Progress in Implementing Clinical Governance in Primary Care: Lessons for the New Primary Care Trusts
HC 100, Session 2006-2007: Report by the Comptroller and Auditor General
- National Audit Office (NAO)
- TSO (The Stationery Office)
Primary Care Trusts (PCTs) are responsible at the local NHS level for the statutory "duty of care", largely through implementing clinical governance. The concept of clinical governance aims to improve continuously the overall standard of clinical care; reduce variations in outcomes of, and access to, services; and ensure that local decisions are based on the most up to date evidence of what is known to be effective. The key principles of clinical governance are a coherent approach to quality improvement, clear lines of accountability for clinical quality systems and effective processes for identifying and managing risk and addressing poor performance.

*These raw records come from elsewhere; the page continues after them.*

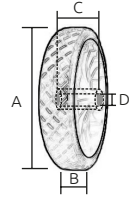

Llanta para tractor

Características:
 Medida: Llanta 15x6.00-6
 Podadora,
 Go Kart,
 Tractor Podador

Código	Precio
16RUEDAS020CH	\$1,364.16

Unidad: 1 pieza Master: 1 pieza

Llanta para podadora

Para podadora
 Material: plástico de goma
 Medida: 5"

Número original:
 13395
 174873
 532133957

4.8" (124mm)	2.5" (66mm)	2.4" (62.5mm)	0.5" (13mm)
---------------------	--------------------	----------------------	--------------------

Código	Precio
16RUEDAS019CH	\$222.72

Unidad: 1 pieza Master: 1 pieza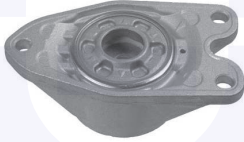

SOSPENSIONE POSTERIORE

TASSELLO superiore
attacco ammortizzatore

TT

27368

adatt.O.E.33506862725

TASSELLO superiore
attacco ammortizzatore

114 i, 116 i, 118 i, 125 i, M135 i xDrive
114 d, 116 d, 118 d, 120 d, 125 d / d xDrive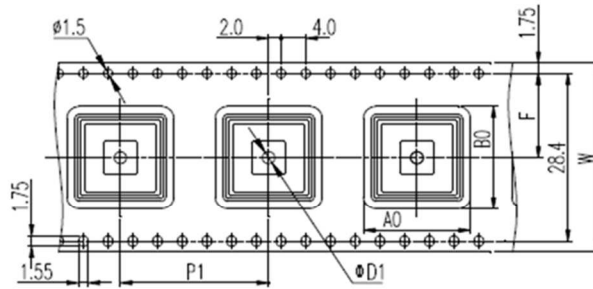

この通知に関するお問い合わせは、弊社営業、特約店までお願い致します。

付録：

変更点

エンボステープ変更点

変更前：32mm幅

変更後：24mm幅

	変更前	変更後
W	32.0	24.0
P1	24.0	24.0
A0	17.3	16.5
B0	17.3	16.5
F	14.2	11.50
D1	2.0	2.0

収納数変更、対象製品リスト(変更前後の型名)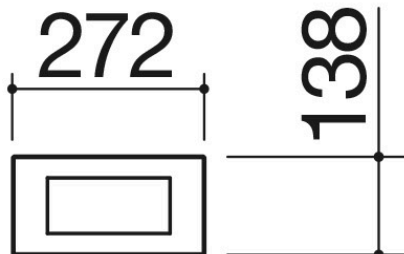

Porte-prises rabattable en acier inox noir

1CPPN

Description

- 1 module
- couvercle en acier inox AISI 304 de forte épaisseur avec système rabattable à 180°
- 2 prises Schuko
- 1 prise USB pour alimenter les dispositifs électroniques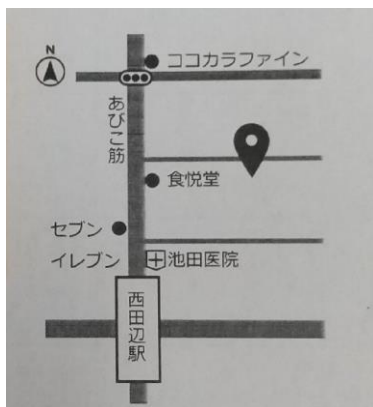

参加申し込み 締め切り1/6(金)

団体名	
ひろば名	
参加人数	数字を入れてください。 ()人 ()画面
ままちっちへ 質問など	

申し込み&問い合わせ先：こえんひろば まで

メール：ctmps855@ybb.ne.jp

※申し込みメールに返信がない場合は確認のお電話をお願いいたします。

ままちっちひろば 西田辺

大阪市阿倍野区昭和町 5-10-3

大阪メトロ西田辺駅1番出口より徒歩2分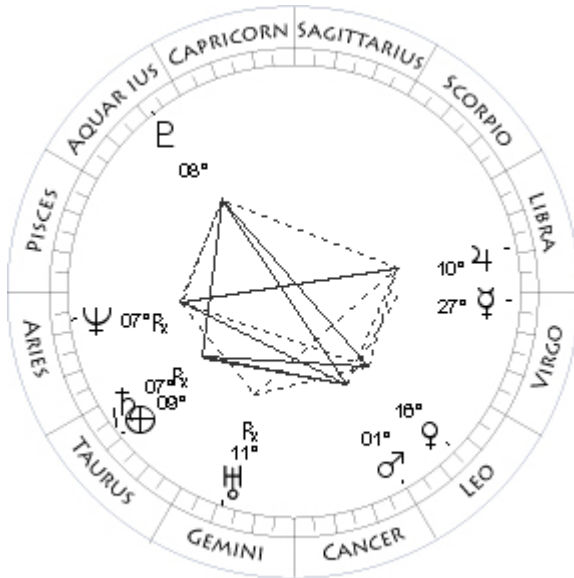

Dec 1, 2028

Nov 1, 2028

Mo|29Ar37 + 4°54	Ea|09Ta36 - 0°00
Su|09Sc36 - 0°00	Me|27Vi03 + 1°37
Me|28Li09 + 1°37	Ve|16Le02 + 1°37
Ve|06Li00 + 1°37	Ma|01Le30 + 1°36
Ma|04Vi49 + 1°36	Ju|10Li19 + 1°07
Ju|14Li43 + 1°07	Sa|07Ta53 - 2°42
Sa|07Ta40 - 2°42R	Ur|11Ge50 - 0°02
Ur|13Ge29 - 0°02R	Ne|07Ar42 - 1°30
Ne|06Ar40 - 1°30R	Pl|08Aq31 - 5°15
Pl|06Aq21 - 5°15	No|17Cp21 - 0°00

Dec 1, 2028

Mo|03Ge05 + 3°25	Ea|09Ge50 - 0°00
Su|09Sa50 - 0°00	Me|29Sa53 - 1°30
Me|16Sa12 - 1°30	Ve|04Li44 + 1°37
Ve|12Sc59 + 1°37	Ma|14Le55 + 2°00
Ma|20Vi47 + 2°00	Ju|12Li35 + 1°10
Ju|20Li28 + 1°10	Sa|08Ta57 - 2°38
Sa|05Ta29 - 2°38R	Ur|12Ge11 - 0°02
Ur|12Ge19 - 0°02R	Ne|07Ar53 - 1°29
Ne|06Ar11 - 1°29R	Pl|08Aq39 - 5°13
Pl|06Aq45 - 5°13	No|15Cp46 - 0°00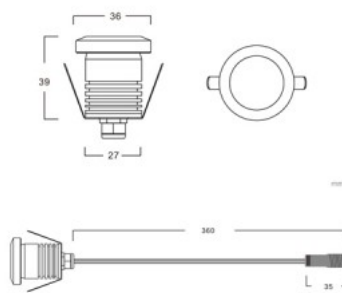

Светильник для террасы REVAL BULB Lille серебряный круглый 12V 1W 95lm CRI80 180° IP67 3000K теплый белый

Код изделия 15690

Цена 13,98+НСО

Бренд [REVAL BULB](#)

Напряжение питания 12V

Мощность 1W

Световой поток 95люмена(ов)

Эффективность светильника 95W

Цветовая температура (сст) теплый белый 3000K

Угол линзы 180

Источник света [EPISTAR LED](#)

Cri 80

Защитное стекло IP67

Высота 39.0mm

Диаметр 36.0mm

Диаметр отверстия для установки 27mm

В упаковке 1шт

Цвет корпуса серебряный

Материал корпуса алюминий + пластик

Форма круглый

Эксплуатационная среда для наружного использования

Рабочая температура -25 ~ +45°C

Гарантия 2 года / лет

Clinical governance, implemented effectively, can provide PCT Chief Executives with assurance that healthcare, whether provided directly or commissioned from other providers, is both safe and of good quality. This report, 'Progress in Implementing Clinical Governance in Primary Care: Lessons for the New Primary Care Trusts (HC 100)', finds that the organisational structures and processes for clinical governance have largely been put in place at PCT level. But progress in implementing the different components of clinical governance varies both within and between PCTs. More needs to be done to provide assurance about the performance of General Practitioners and the systems which protect the safety of patients.
Key features of those PCTs that can demonstrate consistent improvements in quality include effective clinical leadership, maintaining the capacity to deliver services, ensuring the quality of the patient experience and improving services based on lessons from complaints and patient safety incidents. The higher performing PCTs are characterised by: availability and accessibility of information to support evidence-based medicine; all staff appraised against an agreed work and development programme; service users involved in service development; clear action plans developed in response to clinical risks; and underperformance by clinical staff addressed by clear management procedures.